Partnership seeks international businesses for Southern Tier
By Mary Lorson Ann Rollo
A collaboration between the Cornell SC Johnson College of Business, Binghamton University and the Center for International Business Advancement has secured a $1.6 million federal grant to establish a regional hub designed to attract foreign startups and growing companies to the Southern Tier region.
The cross-university, multi-year program, “Soft Landing on New York’s Southern Tier,” is funded by the Economic Development Administration, part of the U.S. Department of Commerce. The hub will provide a range of assistance aimed at making it easier to establish operations in the region and support successful integration into the Southern Tier regional economy.

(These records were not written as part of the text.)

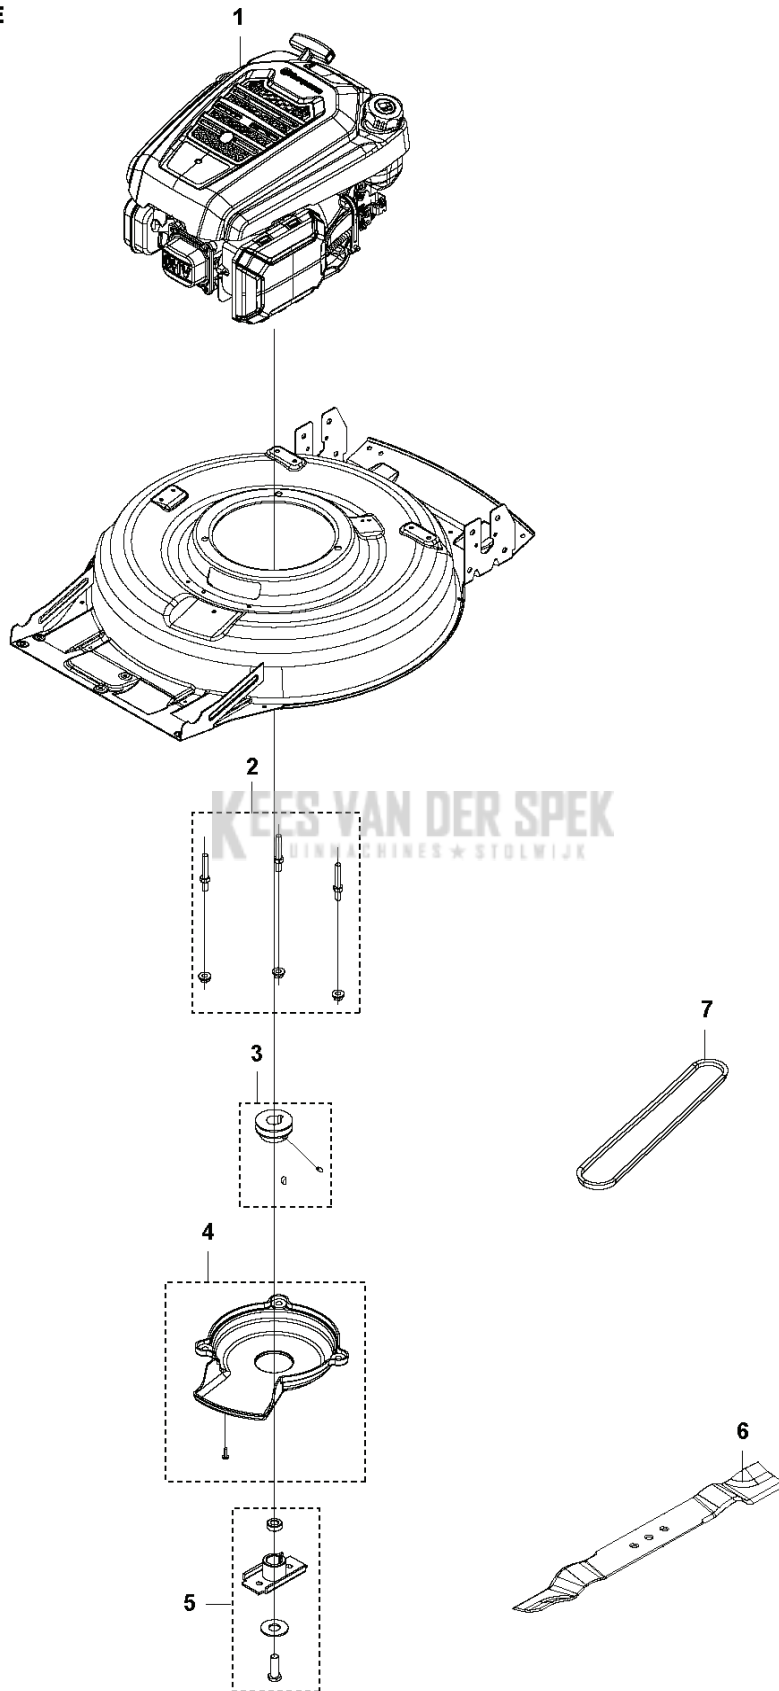

SPARE PARTS CATALOGUE
LAWN MOWERS: CONSUMER WALK-BEHINDS: HUSQVARNA LB
251S

Spare Parts List

SPARE PARTS LIST

LAWN MOWERS: CONSUMER WALK-
BEHINDS

HUSQVARNA LB 251S

A LB 251S
CHASSIS

LAWN MOWERS: CONSUMER WALK-BEHINDS

PXM_REF	PXM_PARTNO	DESCRIPTION	PXM_REMARK	QTY.
1	599349410	PLATE KIT	SIDE DISCHARGE PLATE	1
2	599349416	DEKSEL		1
3	599349370	CHASSIS	CHASSIS	1
4	599349372	DEKSELSET	FRONT COVER	1
5	599349383	AS	FRONT WHEEL AXLE	1
6	599349368	WIEL	FRONT WHEEL	1
7	598684117	TANDWIEL	WHEEL DRIVE	1
8	599349421	TRANSMISSION KIT	REAR TRANSMISSION	1
9	599349411	PLATE KIT	TRANSMISSION PLATE	1
10	599349384	AS	REAR WHEEL AXLE	1
11	599349419	SUPPORT KIT	AXLE SUPPORT KIT	1
12	599349424	WIEL	REAR WHEEL	1
13	599349401	HENDEL KIT	HEIGHT ADJUSTMENT HANDLE	1
14	599349405	HAAK	CABLE HOOK	1
17	599349365	STANG	HEIGHT ADJUSTMENT ROD	1
18	599138901	VEER	HEIGHT ADJUSTMENT SPRING	1
19	599349395	DEKSEL	SIDE PROTECTION COVER	1

KEES VAN DER SPEK
TUINMACHINES ★ STOLWIJK

C LB 251S
ENGINE

LAWN MOWERS: CONSUMER WALK-BEHINDS

PXM_REF	PXM_PARTNO	DESCRIPTION	PXM_REMARK	QTY.
1	599912501	MOTOR	HS166A	1
2	599349408	INSTALLATION KIT	BOLTS AND NUTS	1
3	599349414	POELIE	DRIVE PULLEY	1
4	599349377	DEKSEL	BELT COVER	1
5	599349375	MES HOUDER	BLADE ADAPTER	1
6	597683901	MES	MULCH BLADE	1
7	599349390	RIEM	BELT	1

B LB 251S
HANDLE

LAWN MOWERS: CONSUMER WALK-BEHINDS

PXM_REF	PXM_PARTNO	DESCRIPTION	PXM_REMARK	QTY.
1	529855401	HENDEL KOMPLEET	BAIL ARM	1
2	599349388	HENDEL		1
3	599349404	HENDEL KIT	HANDLE AND SHEATH	1
4	598684129	HENDEL KOMPLEET	BAIL ARM	1
6	599349406	HAAK	CABLE HOOK	1
7	529855501	KNOB ASSY	KNOB	1
8	599349412	PLATE KIT	SUPPORT HANDLE PLATE	1
9	599349381	SUPPORT KIT	HANDLE BRACKET	1
10	599349392	KABEL	FLAMEOUT CABLE	1
11	599349394	KABEL COMPL.	DRIVE CABLE ASSY	1
12	598861401	KLEM	CABLE CLIP	1
13	534990801	KLEM		1
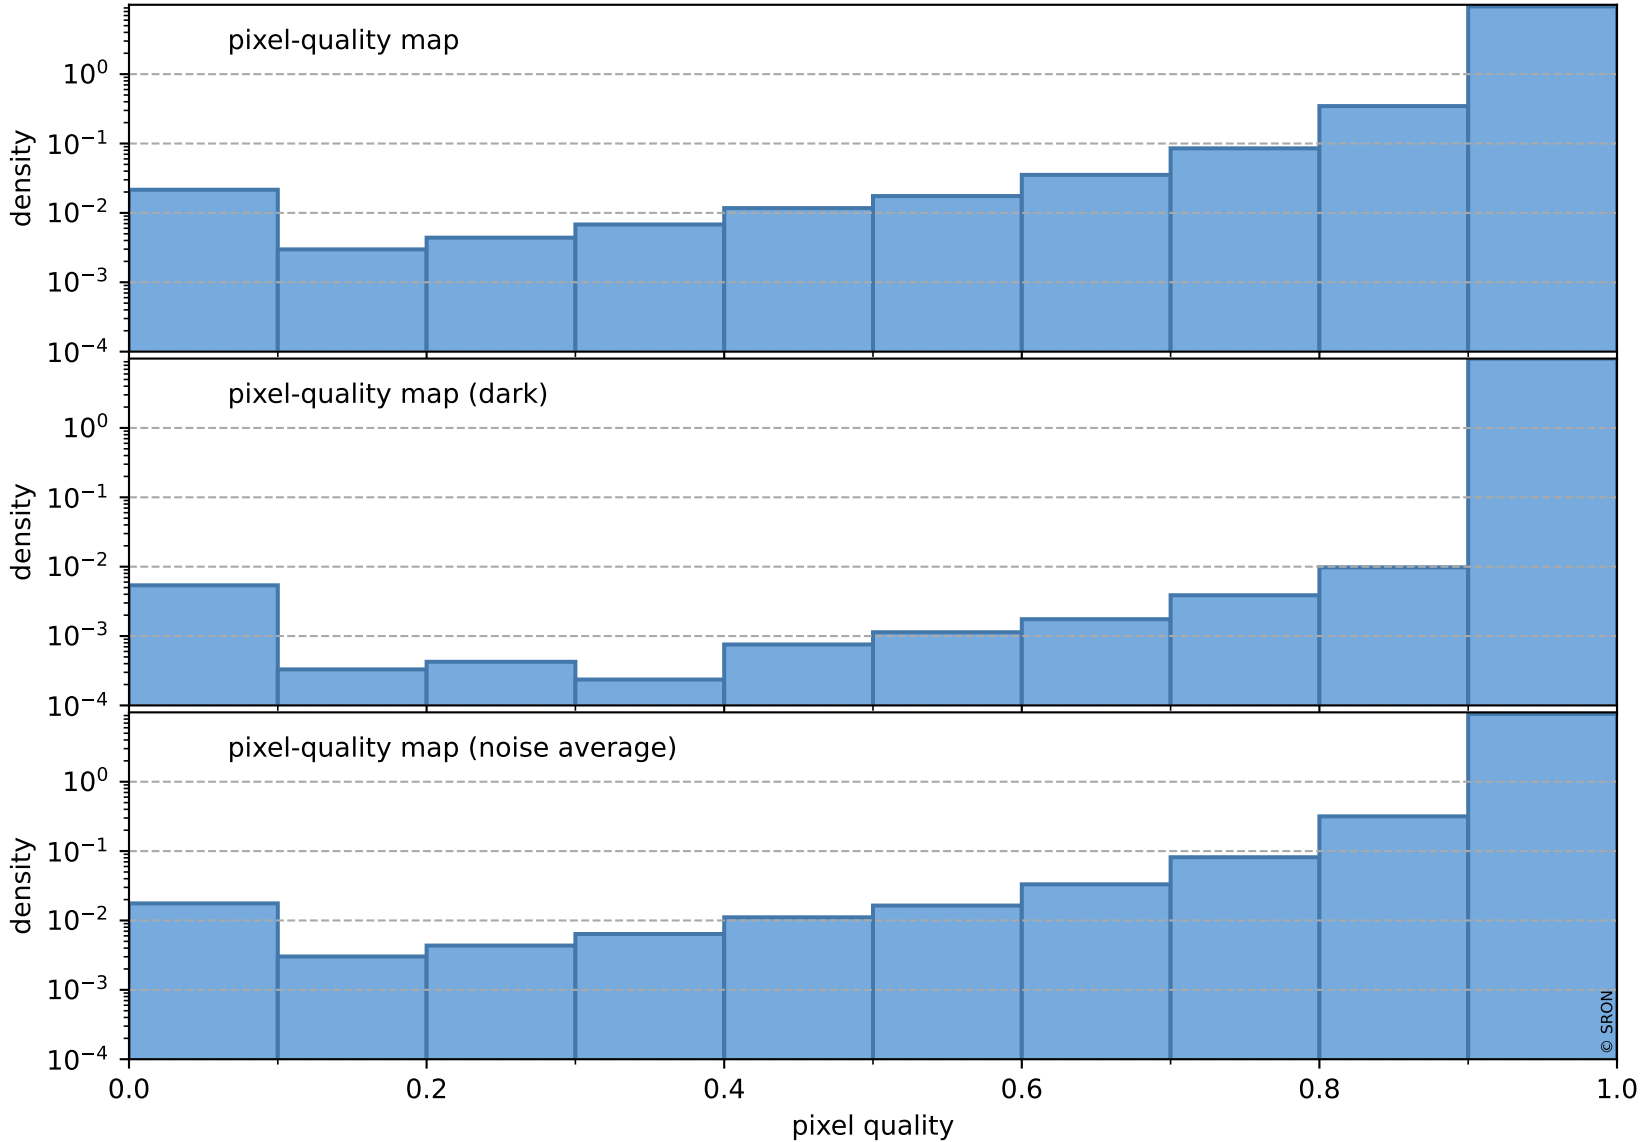

orbits : 20 in [20782, 20827]
coverage : 2021-10-17 / 2021-10-20
bad (quality < 0.8) : 294
worst (quality < 0.1) : 114
created : 2023-08-22T08:27:33

Tropomi SWIR pixel quality (official)

orbits : 20 in [20782, 20827]
coverage : 2021-10-17 / 2021-10-20
bad (quality < 0.8) : 3674
worst (quality < 0.1) : 373
created : 2023-08-22T08:27:33

pixel-quality map (noise average)

Tropomi SWIR pixel quality (official)

orbits : 20 in [20782, 20827]
coverage : 2021-10-17 / 2021-10-20
to good : 365
good to bad : 1794
to worst : 246
created : 2023-08-22T08:27:33

total quality compared with SWIR pixel-quality CKD

Tropomi SWIR pixel quality (official)

orbits : 20 in [20782, 20827]
coverage : 2021-10-17 / 2021-10-20
created : 2023-08-22T08:27:33

Histograms of pixel-quality

Tropomi SWIR pixel quality (official) ground-tracks of Sentinel-5P

orbits : 20 in [20782, 20827]
coverage : 2021-10-17 / 2021-10-20
created : 2023-08-22T08:27:34

Tropomi SWIR pixel quality (official)

orbits : [2827, 20827]
coverage : 2018-04-30 / 2021-10-20
created : 2023-08-22T08:27:34
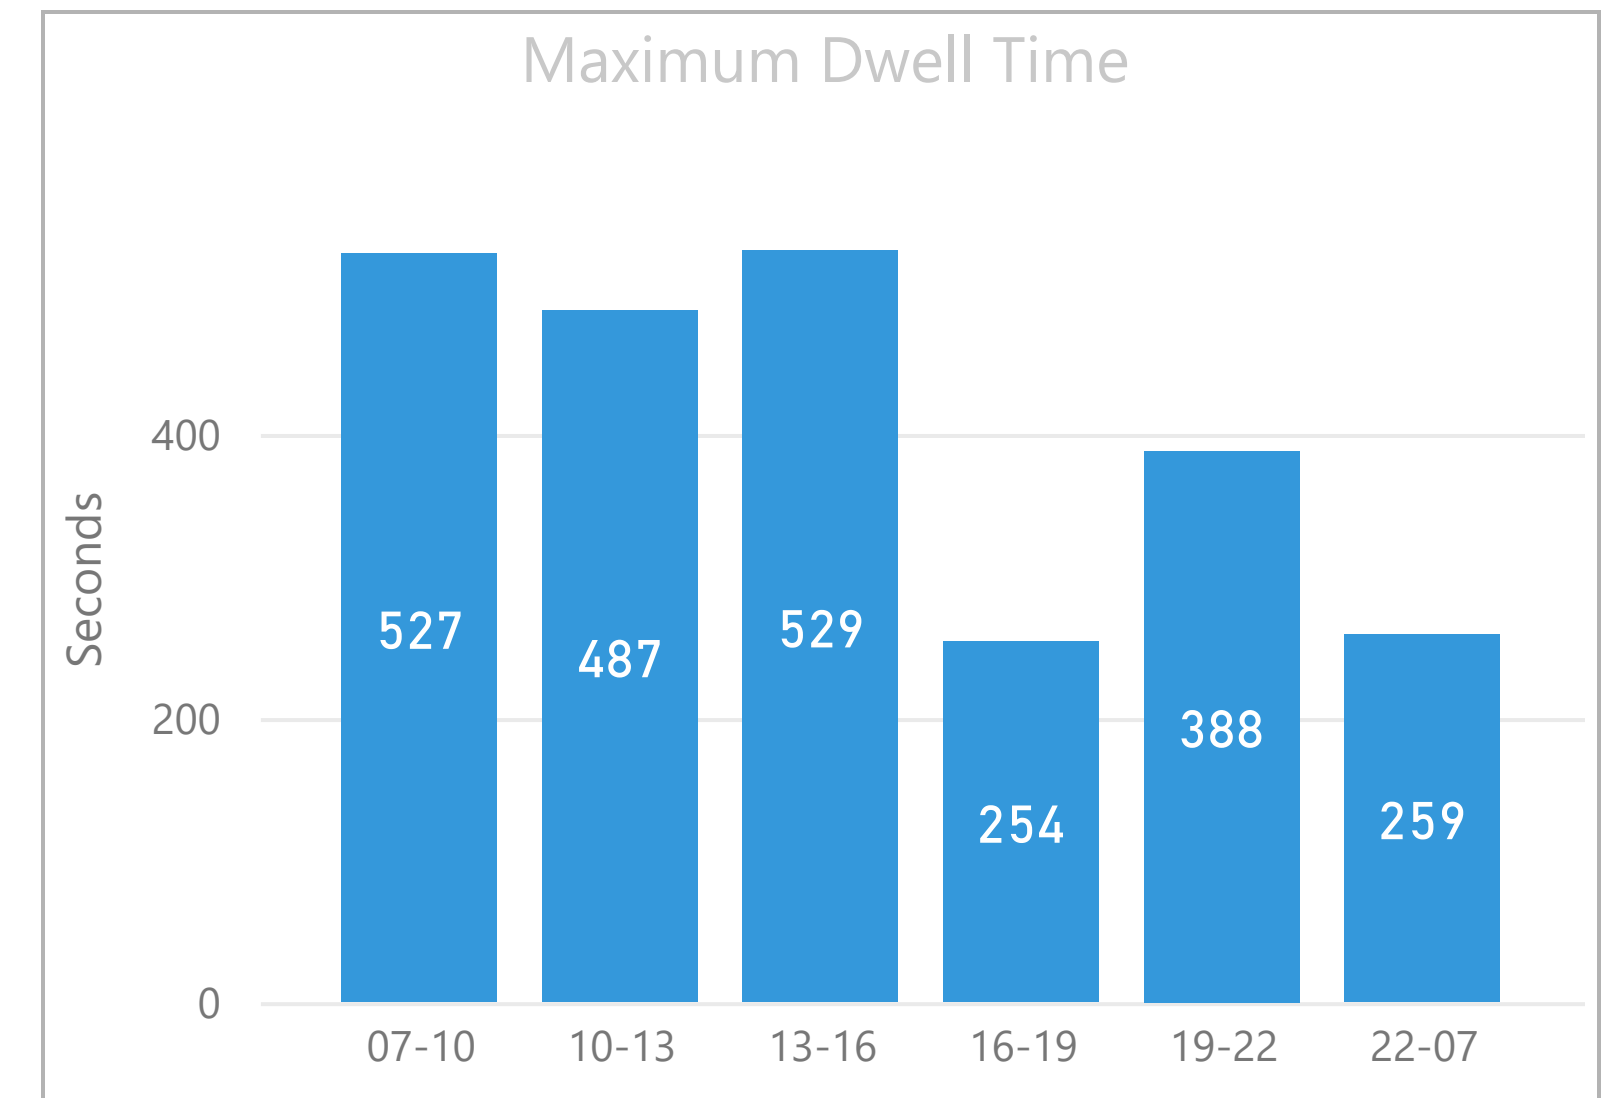

Period

Multiple selections

Week

All

● Primrose Street - 2113

Trips

Average Dwell Time

Maximum Dwell Time
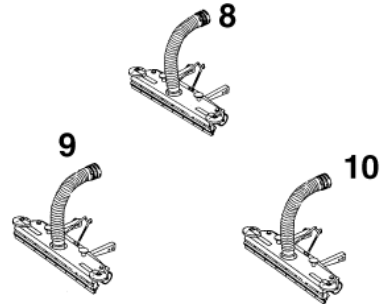

Nozzles 50 mm

GS/GM 83

12-02-2015

Part List ID HOSE11

48

See hoses connection diagram for 38mm

See hoses connection diagram for 50mm

45°
11

12

13

11 A

11 B

12 A

12 B

12 A

13 B

14

17

18

19

21

Wood
26

Wooden nozzle for cleaning ovens

29

15

16

Wood/plastic blades

22

Plastic/Lips

22 A

Wood/brush

23

Plastic/Brush

23 A

Wood/plastic blades

24

Plastic/Lips

24 A

Wood/brush

25

Plastic/Brush

25 A

Nozzle Neck adjustable
Neck material:
-Rubber/Aluminium/
Fe-Zn.
-Silicone Rubber/
Alu/Stainless Steel.

27

Nozzle with adjustable Neck
Neck material:
-Rubber/Aluminium/
Fe-Zn.
-Silicone Rubber/
Alu/Stainless Steel.

31

32

33

34

Nozzle Neck adjustable & Lockable
Neck material:
-Rubber/Aluminium/
Fe-Zn.
-Silicone Rubber/
Alu/Stainless Steel.

27

Nozzle with adjustable & Lockable Neck
Neck material:
-Rubber/Aluminium/
Fe-Zn.
-Silicone Rubber/
Alu/Stainless Steel.

35

36

37

38

Fixed floor nozzle
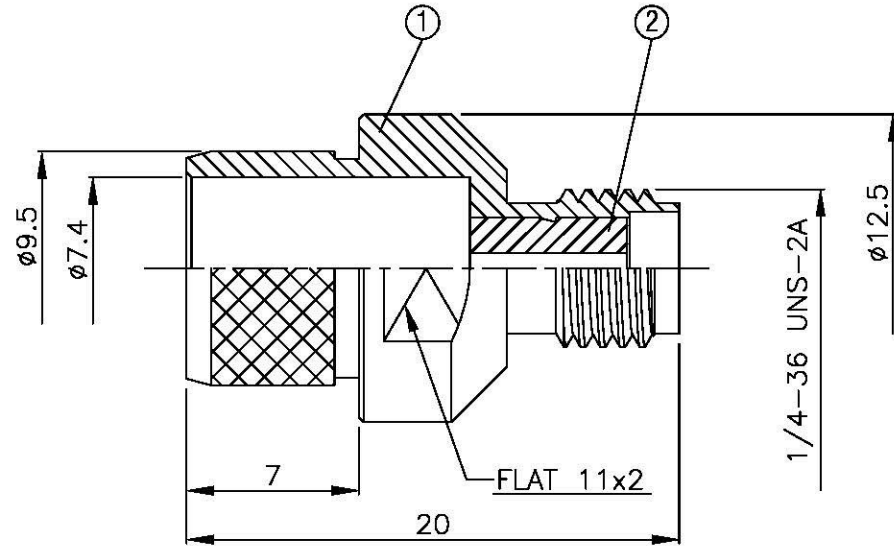

NO	DESCRIPTION	MATERIAL	Q'TY	FINISH
1	BODY	BRASS	1	GOLD
2	INSULATION	TEFLON	1	TEFLON
3	PIN	Be Cu	1	GOLD
4	RING	BRASS	1	GOLD

All Connectors
 www.allconnectors.com info@allconnectors.com
 Tel: 0019 711 7000963 Fax: 0085 711 7009001
 70794 Fildes Road, Germany Kellernstr. 25

TITLE SMA FEMALE CRIMP FOR LMR-400

PART NO. SMA-04S-TGG

DRAWING NO. SMA 04S TGG

DRAWN MARY **DATE 90.10.23**

CHECKED 黄巧君 **DATE 96.04.20**

Q.A. 蘇姿潔 **DATE**

APPROVAL 徐燦霖 **DATE**

REVISION **DATE**

DIMENSIONS ARE IN MILLIMETERS

UNLESS OTHERWISE SPECIFIED TOLERANCES

0.5-5=±0.2 120-315=±1
 5-30=±0.4 315-1000=±1.6
 30-120=±0.6 1000-2000=±2.4

SCALE 4:1 **SIZE A**

REVISION	
DESCRIPTION	ENGINEER

The program will emphasize recruiting international startups and corporate enterprises from the clean energy sector.
“At Cornell, we jumped at this unique opportunity for collaboration,” said Andrew Karolyi, Cornell’s principal investigator on the grant and the Charles Field Knight Dean of SC Johnson. “It’s a strategic fit with our college’s engaged-learning initiative and focus on entrepreneurship.
“It’s also an opportunity for our business students, alongside Binghamton peers from the Watson College of Engineering and Applied Science, to engage, in real time, with foreign startups and scaleup companies attracted to our region, working firsthand with coaches and mentors from industry and our distinguished Cornell faculty,” Karolyi said.
Cornell’s participation in the Soft Landing on New York’s Southern Tier Program will be managed out of SC Johnson’s Office of External Relations and Engagement.
"At the core of this program is an exceptional partnership between two premier academic institutions in the region – Binghamton University and Cornell University,” said Elena Iankova, founding director of the Center for International Business Advancement, and the program’s operational lead at Binghamton.
“Both universities have strong commitment to community-engaged learning, and the Soft Landing Program brings complementary value by directly immersing students in global networks and clean energy endeavors,” Iankova said, “nurturing skills for operating successfully in a world that is becoming more and more interdependent, as climate change and the COVID pandemic clearly demonstrate.”
To help participating companies consider how best to grow their ventures from a Southern Tier base, student teams will be partnered with Soft Landing participating companies to assist with market research and business plans.
Housed in the Center for International Business Advancement at Binghamton, the larger program expects also to provide a variety of services to the incoming foreign companies, such as immigration and visa assistance, legal and government compliance advising, networking with potential investors, and cultural and translation services.
“We believe the Soft Landing Program will have an important positive impact on the region’s economy and its status as a thriving hub of startups and innovation,” said Tom Schryver, executive director of Cornell’s Center for Regional Economic Advancement (CREA), one of 16 partners expressing engagement support for the proposal.
“We are excited about the great potential of the project,” said Schryver, also the David J. BenDaniel Faculty Advisor for the BR Ventures Fund.
The Binghamton-Cornell Soft Landing Program award was announced by Senator Charles E. Schumer (D-NY), who said the program is estimated to create 365 jobs and generate $2.7 million in private investment.
“This funding will help to attract new employers, create good-paying jobs and jumpstart the region’s economic development as we continue to recover from the impacts of the COVID-19 pandemic,” Schumer said. “Now, many more will see what I’ve long known: that the Southern Tier and broader Upstate New York region are on the rise.”
Mary Lorson is academic content editor and Ann Rollo is executive director of communications for the Cornell SC Johnson College of Business.